Children need more than books to flourish at school. De-worming may be one of the most cost-effective ways to increase school participation in Africa.
More than 30-million primary and lower-secondary school-age children with disabilities in developing countries are out of school, according to an estimate in a 2016 Education Commission report.
Many of them aren’t able to attend because of common health problems, such as worm infections, visual impairment and poor nutrition. For example, research shows that refractive error — the need for glasses — affects one out of every 10 schoolchildren in developing countries, limiting their opportunities in school.
Like refractive error, intestinal worms, scientifically known as soil-transmitted helminths, make it hard for pupils to achieve their potential.
These parasites are a leading cause of stunted growth in children, according to a 2015 progress report by the London Declaration on Neglected Tropical Diseases.
Infections with these parasites can also exacerbate malnutrition, lead to anaemia, impaired intellectual development and increased susceptibility to other infectious diseases. Stunting is associated with reduced school participation and achievement, and research shows that it can reduce income in adulthood by as much as 22%.
More than 876-million school-age children are at a high risk of being infected with intestinal worms because they live in contaminated areas, according to the London Declaration’s progress report.
Children affected by such common health ailments either never start school or risk dropping out. If they do attend school, they find it much more difficult to learn because they can’t read the text books, they’re hungry and exhausted, or because they are in pain.
Solving intestinal worms and refractive error is relatively cheap and can drastically improve educational outcomes for children.
Deworming is one of the most cost- effective ways to increase school participation. For just $0.50 a child a year, school-based deworming can reduce both the rate of infection and school absenteeism by a quarter, according to research presented to an evidence-based education conference in Ghana in 2012.
Properly fitted glasses cost less than $5 a pair and can make the difference between a child absorbing information on the blackboard or missing out on lessons entirely.
But children are going to miss out as long as we continue to expect common health problems to be spotted and tackled by a separate, siloed health system.
In areas where some of the poorest families are struggling to get by, getting access to basic healthcare is far from straightforward. Many families simply can’t afford to pay for healthcare or glasses, even when they do know their child has a problem.
On top of this, there is a shortage of eye doctors in low-income countries.
But we can tackle this if we make health solutions accessible by building them into educational plans and budgets from the beginning.
This hasn’t happened yet because education departments, health departments and finance ministries struggle to address huge needs with limited resources. They are unlikely to consider funding issues that might be seen as somebody else’s job.
In truth, government departments can deliver far better services by breaking out of their silos and co-operating on a child-focused approach. By training teachers to screen their pupils, instead of relying entirely on highly trained medics, we could make health systems more effective. This would save time and money and, ultimately, many more children could be reached.
At Sightsavers and Partnership for Child Development (PCD), we have tested this theory by working with governments to produce health solutions through schools in Cambodia, Senegal, Ethiopia and Ghana. From this October to November, teachers around Africa are screening more than 30 000 children for glasses in pilot projects and we expect to provide health solutions to more than 40 000 children worldwide.
This pilot project is designed to reach hundreds of thousands more children. It will provide a much-needed blueprint for governments to increase this kind of programme.
We are already finding that very simple things can make our approach more effective. For example, training teachers for just two days during the summer holidays minimises term-time disruptions and means we can cover eye screening and deworming.
Teachers and trainers have responded well to this and the timing means future training could more easily be combined with summer holiday refresher courses or teacher college curriculums.
This kind of important consideration was made more effective by involving ministries of education and health right from the beginning during the early planning stages.
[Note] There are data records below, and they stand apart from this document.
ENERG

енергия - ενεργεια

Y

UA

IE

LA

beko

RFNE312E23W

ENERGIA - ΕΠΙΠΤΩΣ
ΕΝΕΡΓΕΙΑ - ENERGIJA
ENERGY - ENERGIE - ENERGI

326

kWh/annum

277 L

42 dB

It’s vital that these governments are able to own and drive the process forward.
In the case of Cambodia, where the initiative began, the ministry of education is far enough along that Sightsavers, the PCD and other partners now only play supportive roles. We’re seeing progress also in Ghana, Ethiopia and Senegal as ministries begin to lead the way in implementing school health themselves.
We need large funding bodies to step up to the challenge and offer the right support to committed governments to plug the inevitable gaps in funding — as the World Bank and the Global Partnership of Education have done for this pilot scheme.
Improving and investing in education systems will not be enough to get all children into school and learning unless it is also combined with health interventions. Quality education can only be achieved when we start seeing the solution in a holistic way, as a jigsaw of factors that must all come together.
Imran Khan is the chief global technical lead of Sightsavers, a charity that works in more than 30 developing countries to prevent blindness, restore sight and advocate the equal rights of people with disabilities.